Microsserviços – Parte III

Este texto é de James Lewis e Martin Fowler, disponível em: http://martinfowler.com/articles/microservices.html.

Sugiro começar por aqui: Microsserviços – Parte I


Organizado em Torno de Capacidades de Negócio

Ao buscar a divisão de uma grande aplicação em partes, o gerenciamento se foca na camada de tecnologia, dividindo em equipes de interface com o usuário, equipes de lógica de negócio, e equipes de bancos de dados. Quando os times são separados seguindo essa linha, mesmo as mudanças mais simples podem se transformar em um projeto envolvendo vários equipes, que tomará tempo e que precisará de aprovação de orçamento.

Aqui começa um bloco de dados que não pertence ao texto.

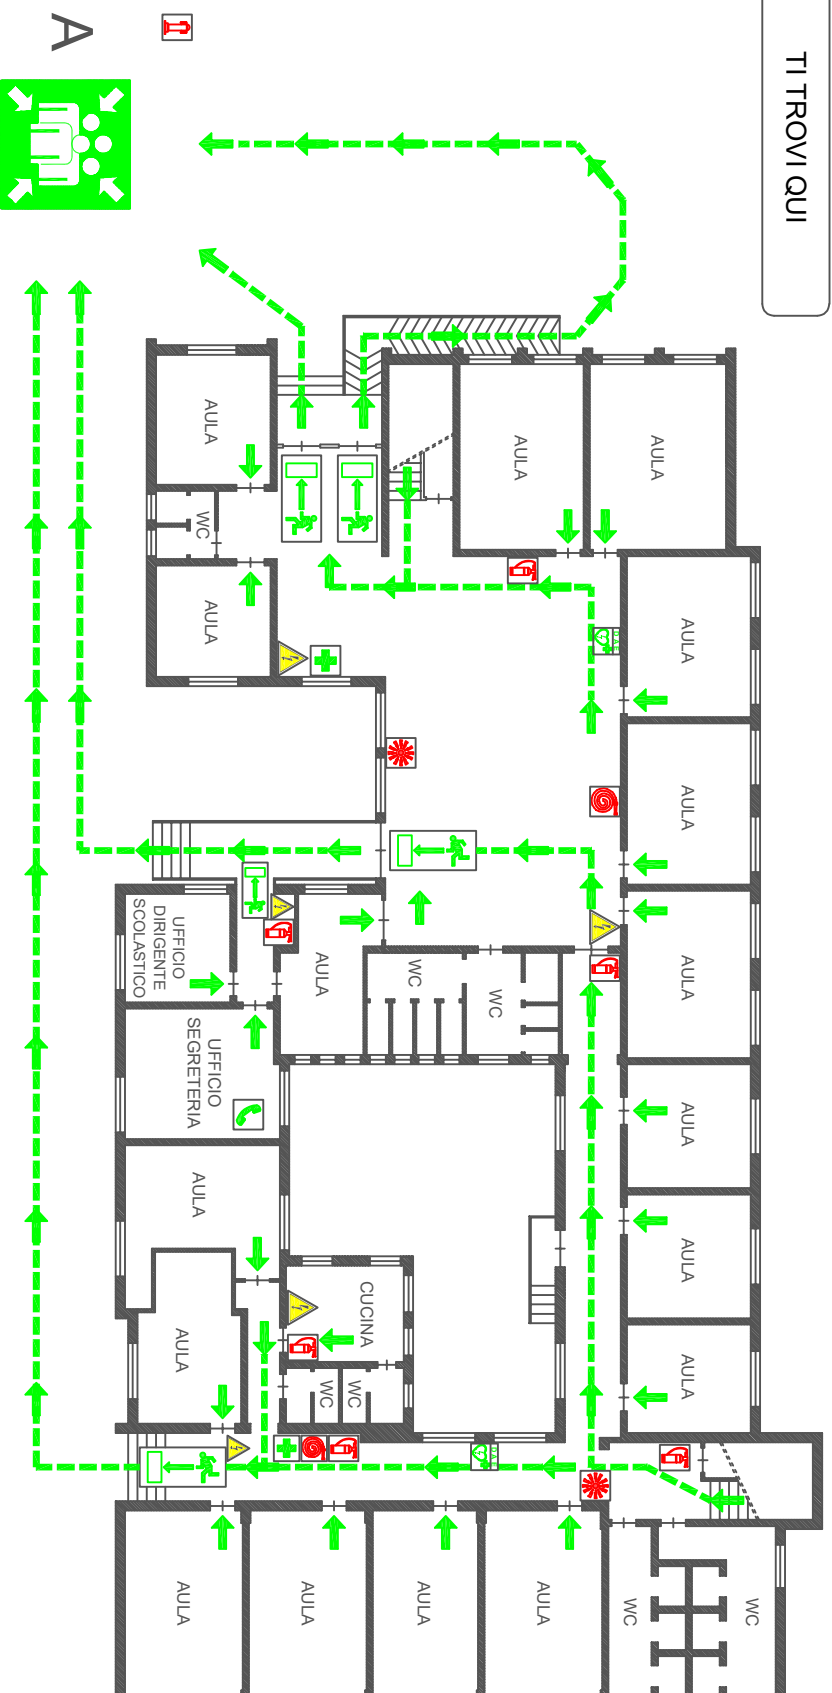

# INDIVIDUAZIONE DELLE VIE DI ESODO - UBICAZIONE DEI SISTEMI DI ESTINZIONE E DI PRONTO SOCCORSO

A

Piano primo

LEGENDA	
	ESTINTORE
	IDRANTE
	ALLARME
	ATTACCO V. F.
	QUADRO ELETTRICO
	CASSETTA DI PRONTO SOCCORSO
	DEFIBRILLATORE
	TELEFONO
	USCITA DI SICUREZZA
	SCALE / USCITA DI SICUREZZA
	PERCORSO DI ESODO
	DIREZIONE DI ESODO
	PUNTO DI RACCOLTA

# INDIVIDUAZIONE DELLE VIE DI ESODO - UBICAZIONE DEI SISTEMI DI ESTINZIONE E DI PRONTO SOCCORSO

Piano primo

## LEGENDA

	ESTINTORE
	IDRANTE
	ALLARME
	ATTACCO V. F.
	QUADRO ELETTRICO
	CASSETTA DI PRONTO SOCCORSO
	DEFIBRILLATORE
	TELEFONO
	USCITA DI SICUREZZA
	SCALE / USCITA DI SICUREZZA
	PERCORSO DI ESODO
	DIREZIONE DI ESODO
	PUNTO DI RACCOLTA

# INDIVIDUAZIONE DELLE VIE DI ESODO - UBICAZIONE DEI SISTEMI DI ESTINZIONE E DI PRONTO SOCCORSO

Piano rialzato

● TI TROVI QUI

LEGENDA							
	ESTINTORE		ATTACCO V. F.		TELEFONO		PERCORSO DI ESODO
	IDRANTE		QUADRO ELETTRICO		USCITA DI SICUREZZA		DIREZIONE DI ESODO
	ALLARME		CASSETTA DI PRONTO SOCCORSO		SCALE / USCITA DI SICUREZZA		PUNTO DI RACCOLTA
			DEFIBRILLATORE

Um time esperto vai tentar otimizar e dar a volta, escolhendo a escolha menos pior – forçar a lógica na aplicação a que tiver acesso. Em outras palavras, a lógica se espalha por todo lugar. É um exemplo da Lei de Conway [5] em ação.

Qualquer empresa que projete um sistema (definido amplamente) vai produzir um desenho cuja estrutura é uma cópia da estrutura de comunicação da empresa.
— Melvyn Conway, 1967

A Lei de Conway em ação: equipes funcionais divididas em silos, levam a arquiteturas de aplicações divididas em silos.

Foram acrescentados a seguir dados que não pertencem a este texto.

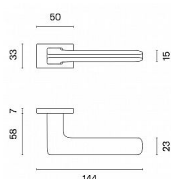

AS - YUKA - RT 7S rozetové Brúsený chróm OCS

» DVERNÉ KOVANIA » INTERIÉROVÉ » Rozetové hranaté

Značka

MP

Kód produktu

MP03751-1504

Rozetová klika na interiérové dvere s obdĺnikovou rozetou je vyrobená z materiálov vysokej kvality - zamak a je povrchovo upravená. Rozeta má rozměr 50 x 33 mm a tloušťku jen 7 mm. Minimalistický design rozety s vysokou stabilitou kliky na dveřích působí jemně, a tím ponechává prostor pro vyniknutí designu samotné kliky.

Vlastnosti kliky APRILE LINE:

- minimalistický design rozety (tloušťka rozety jen 7 mm)
- vysoká stabilita a pevnost kliky
- vratný mechanismus – součást kliky a krytky rozety
- dlouhodobá životnost
- jednoduchá montáž
- 5 - letá záruka na funkčnost mechaniky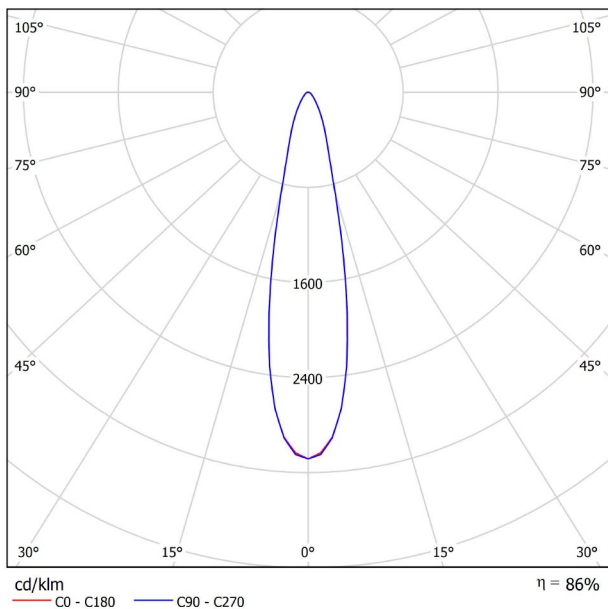

GRÖßE

ZUBEHÖR

HIGH CHROMATIC LED

TRACK 48V OPTIONS

PREISE

Name	SIX XS 48V DOUBLE 23° 2700K WT
Artikelnummer	A3351120WT
Farbe	Weiß strukturiert
RAL	9016
Kategorie	TRACKLIGHTS
PRODUKT	
PRODUKT	
Name	SIX XS 48V DOUBLE 23° 2700K WT
Artikelnummer	A3351120WT
Farbe	Weiß strukturiert
RAL	9016
Kategorie	TRACKLIGHTS
LICHTINFORMATIONEN	
LICHTINFORMATIONEN	
Lichtquelle	LED
Bruttolichtstrom	2 x 470 Lm
Leistung	9 W
Leistungswerte des Systems	9,47 W
Farbtemperatur	2700 K
Farbwiedergabeindex	CRI>90
Farbstabilität	Mac Adam Step 2
Abstrahlwinkel	23°
Leuchtenwirkungsgrad (LOR)	86%
Lichtausbeute	104 Lm/W
Stromstärke	500 mA
Steuerung über Bluetooth	Bitte anfragen
Vorschaltgerät	Inklusiv
Schutzklasse	III
Spannung	48 Vdc
Energieeffizienzklasse	A+
Nutzlebensdauer der LED in Betriebsstunden	L80B10 (Tj=85°C) >60.000h
ANDERE DATEN	
ANDERE DATEN	
Dichtigkeit	IP20
Schwenkwinkel	310°
Drehwinkel	360°
Schientyp	Track 48V
Gewicht	168 g.
Gewicht inkl. Verpackung	215 g.
Abmessungen der Verpackung	190 x 145 x 24 mm.
Stück pro Verpackung	1
Materialien	Aluminium / Polycarbonat

POLAR-KOORDINATEN DIAGRAMM

KEGELDIAGRAMM

FÜR DIE PRODUKTPRÄSENTATION

Vivid Model Colour Temperature	2700K	3000K	3500K	4000K	Light Pink
📖 Reading			•	•	
🥬 Fruits & Vegetables		•	•		
🍞 Bakery	•				
👤 Retail		•	•		
💄 Cosmetics			•	•	
🥩 Meat					•
🐟 Fish				•	
🐠 Seafood				•	•

A abordagem de microsserviços em relação à divisão é diferente, partindo a aplicação em serviços organizados de acordo com as capacidades de negócio. Tais serviços incluem uma grande implementação do software para a área de negócio, incluindo a interface do usuário, armazenamento persistente, e qualquer colaboração externa. Consequentemente, as equipes são multifuncionais, incluindo toda a gama de habilidades para o desenvolvimento: experiência do usuário, banco de dados e gerenciamento de projeto.

Uma empresa organizada dessa forma é http://www.comparethemarket.com. Equipes multifuncionais são responsáveis por construir e operar cada produto e cada produto é dividido em um número de serviços individuais se comunicando por mensagens.

Aplicações grandes e monolíticas podem ser modularizadas de acordo com as capacidades de negócio também, apesar de que não é comum. Certamente, teríamos uma equipe grande construindo uma aplicação monolítica se dividindo em torno das linhas de negócio. A questão principal que vemos é que tendem a ser organizados em muitos contextos. Se o monolito se espalha através de várias dessas fronteiras modulares, pode ser difícil para membros individuais de um time encaixá-lo na memória de curto prazo. Além disso, vemos que os limites dos módulos requerem uma grande disciplina para serem cumpridas. A separação mais explícita que os componentes de cada serviço exigem ajuda a manter as fronteiras da equipe mais claras.

Quão grande é um microsserviço?

Apesar de que “microsserviço” se tornou um nome popular para esse estilo arquitetural, o nome não leva para um foco no tamanho do serviço nem a argumentos sobre o que é “micro”. Nas conversas com praticantes de microsserviços, vemos uma faixa de tamanhos de serviços. Os maiores tamanhos seguem a noção da Amazon de um “equipe de duas pizzas” (ou seja, a equipe inteira pode ser alimentada com duas pizzas), significando até uma dúzia de pessoas. Na menor escala, vemos um time de meia dúzia cuidando de meia dúzia de serviços.

Parece que não há diferenças grandes o suficiente para desagrupar o serviço-por-dúzia e o serviço-por-pessoa. No momento, achamos que é melhor agrupá-los juntos em um só rótulo de microsserviços, mas é possível que mudemos de ideia quando explorarmos esse estilo profundamente.

Produtos, Não Projetos

A maioria dos esforços no desenvolvimento de softwares usam um modelo de projeto: onde o objetivo é entregar um pedaço de software que é então considerado completo. Na conclusão, o software é entregue para uma equipe de manutenção e a equipe do projeto que o construiu é desfeita.

Os proponentes de microsserviços tendem a evitar esse modelo, preferindo, em vez disso, a noção de que o time deve ser dono do produto por toda a vida do produto. Uma inspiração disso vem da Amazon: “você construiu, você roda”, onde o time de desenvolvimento tem toda a responsabilidade pelo software na produção. Isso trás os desenvolvedores para o contato diário com como o software se comporta em produção, e aumenta o contato com os usuários, já que devem receber pelo menos um pouco da carga de suporte.

A mentalidade de produto se amarra com as capacidades de negócio. Em vez de olhar para o software como um conjunto de funcionalidades a serem terminadas, há uma relação ocorrendo onde a questão é como o software auxilia os usuários a aprimorar as capacidades de negócio.

Não há razão porque a mesma abordagem não pode ser aplicada a aplicações monolíticas, mas a granularidade menor dos serviços pode tornar mais fácil criar relações pessoais entre os desenvolvedores e os usuários.


[5] O paper original pode ser encontrado no site de Melvyn Conway aqui.